No Such Thing as a Fish

I was appalled to read that Henry Gee (Letters, 20 July) considers part of my review of his book Deep Time to be an attack on the late Colin Patterson. It was not – my quarrel was solely with Gee’s ossified version of Patterson’s views. I was both a friend and admirer of Patterson; indeed, I published a memoir of him last year in the Biographical Memoirs of the Royal Society wherein my regard for him is evident. Gee also accuses me of authoritarianism, but while it would be authoritarian to describe an author as a ‘fool’ (which I didn’t), it is merely assertive to describe him as ‘out-of-date’ (which I did). The latter is easily rectified by a little reading; there is very little you can do about the former.

Richard Fortey
Natural History Museum, London SW7


What Foucault Surely Knew

Roger Jones (Letters, 6 July) is sure that Foucault knew that Cardano invented the universal joint because the French word for the device is cardan. Such confidence is misplaced. Many years ago a French-speaking garage owner in Switzerland was surprised at my ignorance of the word carter (the French word for ‘sump’ and ‘crank-case’), which he claimed was ‘un mot anglais’. In fact the word is derived from the name of an English inventor, John Harrison Carter, who died in 1903. For nearly thirty years I have been trying to find out about this engineer – but without success.

Timothy Stunt
Newtown, Connecticut


Small Questions about Prams etc

Zachary Leader (Letters, 6 July) wants to know the meaning of the world ‘pram’ in John Betjeman’s line ‘Miles of pram in the wind and Pam in the gorse track’. He shouldn’t be so literal about ‘miles’. To a young, fastidious recoiler from reality, the bulky sway of two or three well-sprung Edwardian prams on a narrow footpath might well have seemed a never-ending cortège attendant on the extinction of youthful freedom.
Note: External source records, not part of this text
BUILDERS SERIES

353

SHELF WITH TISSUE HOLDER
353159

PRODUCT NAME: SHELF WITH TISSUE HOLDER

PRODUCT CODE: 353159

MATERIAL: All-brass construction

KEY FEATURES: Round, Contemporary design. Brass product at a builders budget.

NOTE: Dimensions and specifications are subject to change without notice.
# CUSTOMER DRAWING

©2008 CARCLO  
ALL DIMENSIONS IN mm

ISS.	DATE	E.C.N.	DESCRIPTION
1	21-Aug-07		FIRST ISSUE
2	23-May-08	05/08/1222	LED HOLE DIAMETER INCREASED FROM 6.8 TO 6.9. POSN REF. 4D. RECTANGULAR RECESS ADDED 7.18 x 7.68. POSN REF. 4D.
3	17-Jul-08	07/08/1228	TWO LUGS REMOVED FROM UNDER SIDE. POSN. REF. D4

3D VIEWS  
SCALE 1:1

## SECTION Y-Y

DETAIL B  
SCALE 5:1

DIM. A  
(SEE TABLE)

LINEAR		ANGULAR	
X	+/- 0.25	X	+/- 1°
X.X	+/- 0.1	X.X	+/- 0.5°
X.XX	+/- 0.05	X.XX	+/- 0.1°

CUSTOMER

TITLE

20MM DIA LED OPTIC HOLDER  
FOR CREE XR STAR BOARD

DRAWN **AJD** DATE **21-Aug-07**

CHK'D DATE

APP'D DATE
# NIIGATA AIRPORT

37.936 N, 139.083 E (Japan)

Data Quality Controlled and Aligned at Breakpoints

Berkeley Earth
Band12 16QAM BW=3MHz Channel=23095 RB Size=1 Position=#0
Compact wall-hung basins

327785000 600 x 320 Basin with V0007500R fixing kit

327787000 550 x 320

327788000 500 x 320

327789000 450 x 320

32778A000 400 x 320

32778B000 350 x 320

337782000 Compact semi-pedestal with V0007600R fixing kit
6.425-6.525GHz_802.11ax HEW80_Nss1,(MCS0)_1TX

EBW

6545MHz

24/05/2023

The poem’s opening lines set up ambivalences of urban v. rural, tame v. wild and so on, and may be a clumsy elliptical reference to roads not taken. Maybe ‘miles of pram’ is stretching things a bit, though as an impressionistic stab at conflating blighted pavements and Surrey pinewoods as well as foreshadowing the fettering domesticity awaiting his adored Amazonian Pams, Joans and Myfanwys it works well enough. Betjeman’s footnote to the concluding lines of an earlier poem, ‘Dorset’, warns of his occasionally wayward preference for sound over sense: ‘put in not out of malice or satire but merely for their euphony’.

Fay Zwicky
Claremont, Western Australia

I was interested to read that Jeffrey Frankland (Letters, 20 July) thinks gorse smells ‘coconutty’. I recently ate some gorse flowers and thought they tasted of coconut, but the park warden maintained that they tasted like peanuts.

Jane Brady
Southampton


Don’t fence me in

Reviel Netz asks (LRB, 20 July) why a ranger would want to fence in his cattle. Incest is our reason. In some 200 square kilometres of Amazonic savannah, we are more rangers than ranchers, but we fence off 5000-acre pastures for our calves to keep parental bulls from mating with their two-year-old offspring, who get to have their own young bulls.
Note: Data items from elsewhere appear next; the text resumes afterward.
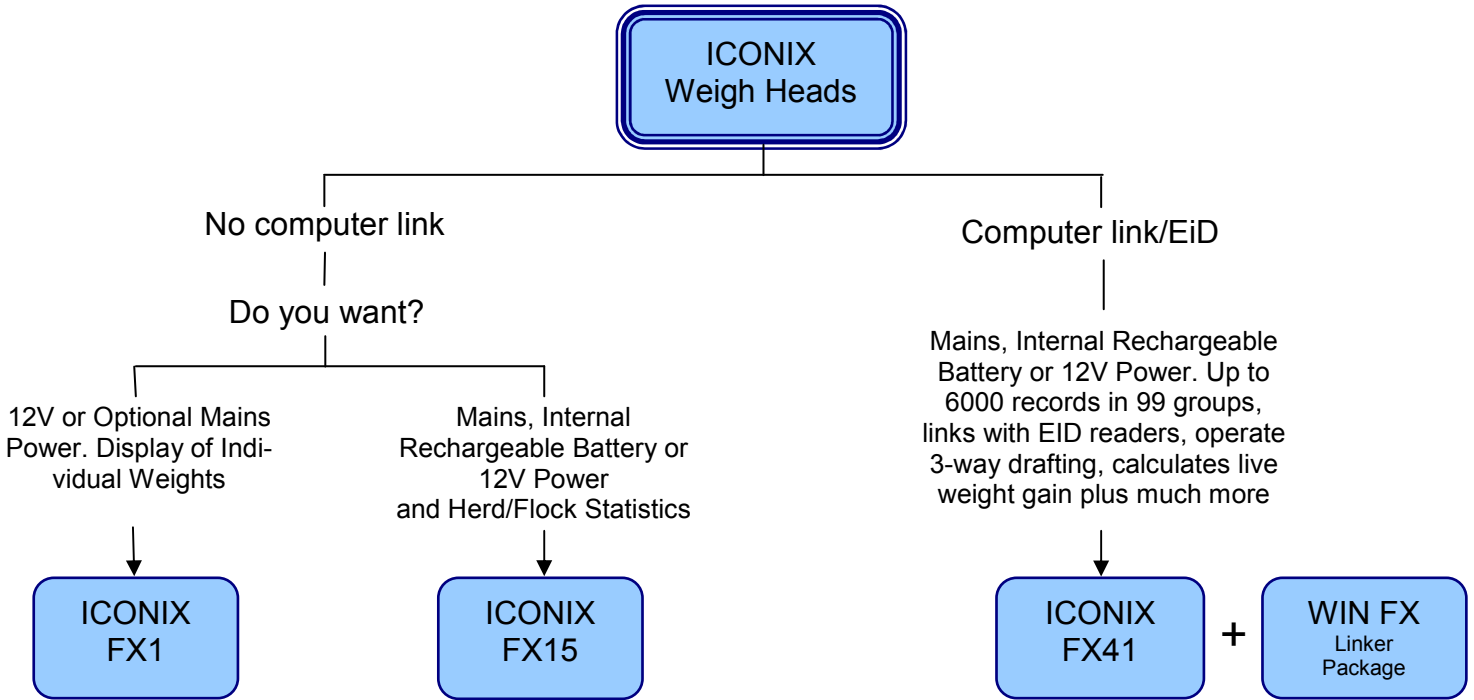

Product Selection Guide ICONIX Weigh Heads and Load Bars

The length of load bar required will also depend on the width of the crush, crate or platform used, call Cox Customer Services for more information 0845 600 8081
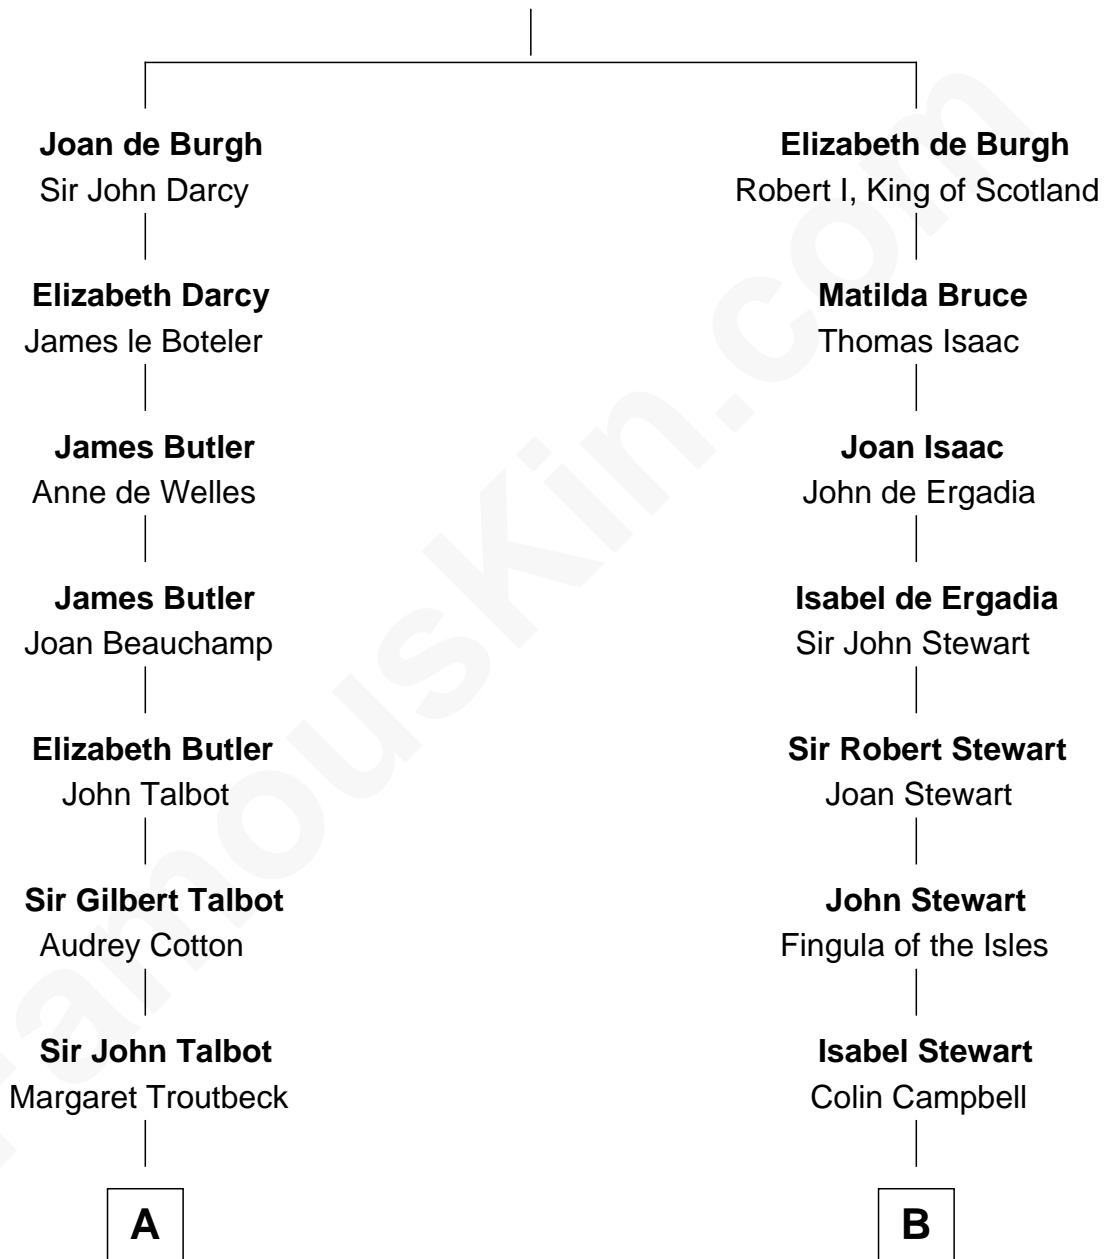

# FamousKin.com Relationship Chart of

**Benedict Cumberbatch**  
*Movie, Television and Stage Actor*

19th cousin 1 time removed of

**Emily Post**

*American Author on Etiquette*

**Sir Richard de Burgh**

Margaret - - - - -

**C**

**Henry Alfred Cumberbatch**

Hélène Gertrude Rees

**Henry Carlton Cumberbatch**

Pauline Ellen Laing Congdon

**Timothy Carlton Congdon Cumberbatch**

Wanda Venham

**Benedict Cumberbatch**
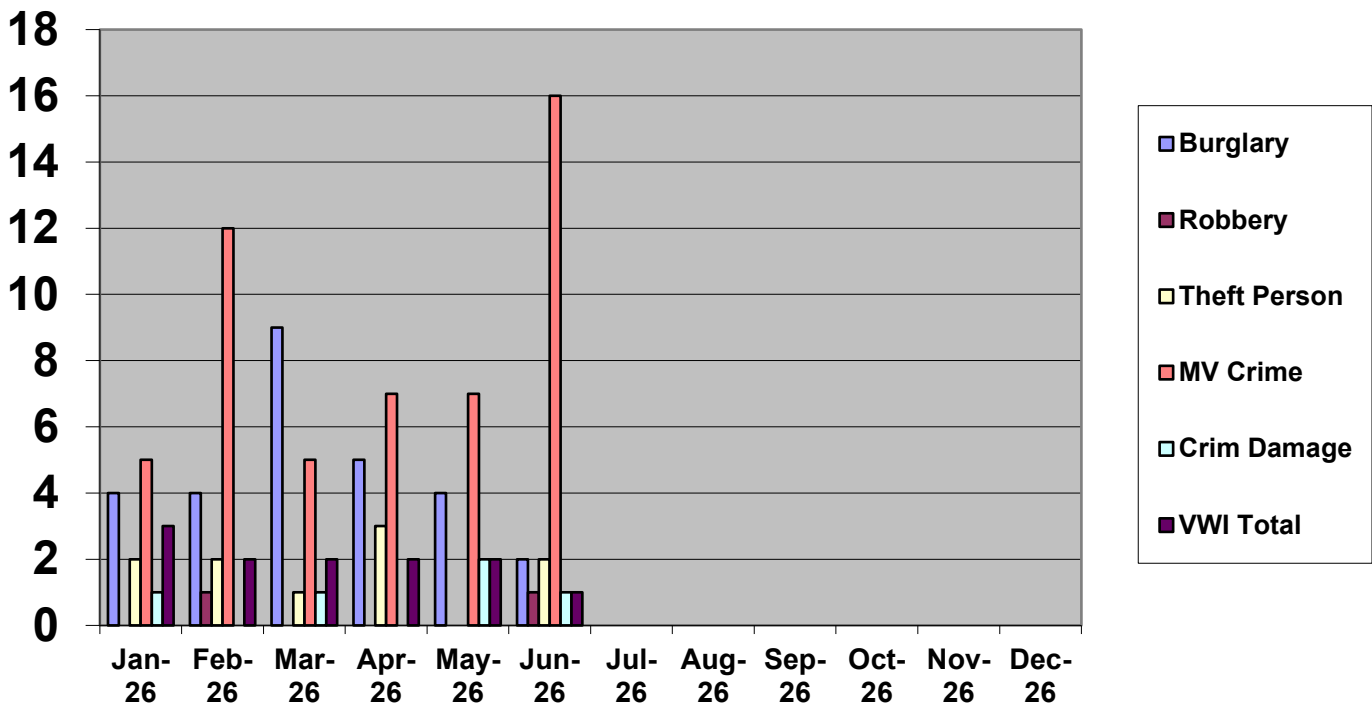

MV = Motor Vehicle Crime
VWI = Victim With Injury (Assault)

Incidentally, three-strand fencing costs $450 a kilometre hereabouts, which compares very well with Washburn & Moen's $23.66 for 100 metres in 1880.

Edward Luttwak
Rancho Cotoca
Beni, Bolivia


A Fine Time Together

Posturing little sadists who publicly torture animals to death for money are called ‘bullfighters’. Posturing little book reviewers like Lorna Scott Fox (LRB, 20 July) who elaborately endorse such evil spectacles while claiming to be animal supporters are called, alas, ‘bullshitters’.

Alexandra Stamp
Glasgow


Hot Buttered Toast

In his piece on Hanif Kureshi, Sukhdev Sandhu (LRB, 18 May) quotes Rafi ‘the avuncular, murderous Third World tyrant in Sammy and Rosie Get Laid’ saying: ‘For me England is hot buttered toast on a fork in front of an open fire. And cunty fingers.’ In Brendan Gill’s Here at the ‘New Yorker’ Henry Green tells William Shawn, ‘I once asked an old butler in Ireland what had been the happiest times of his life … The butler replied: “Lying in bed on Sunday morning, eating tea and toast with cunty fingers.”’

Stuart Pierson
Memorial University of Newfoundland
St John’s, Newfoundland


Blather

I feel queasy about querying my own old philosophy tutor but surely Frank Cioffi’s statement (LRB, 22 June) that ‘there would seem to be no formula which will enable us to discriminate true rumour from false’ is not permissible. We may not know the truth or falsehood of a rumour since, according to its Merriam-Webster definition, a rumour is ‘a statement current without known authority for its truth’. If we could, it wouldn’t be a rumour but an opinion, a fiction, a lie or a fact. isn’t this an example of what Cioffi taught us to call a category mistake. Or is it just blather?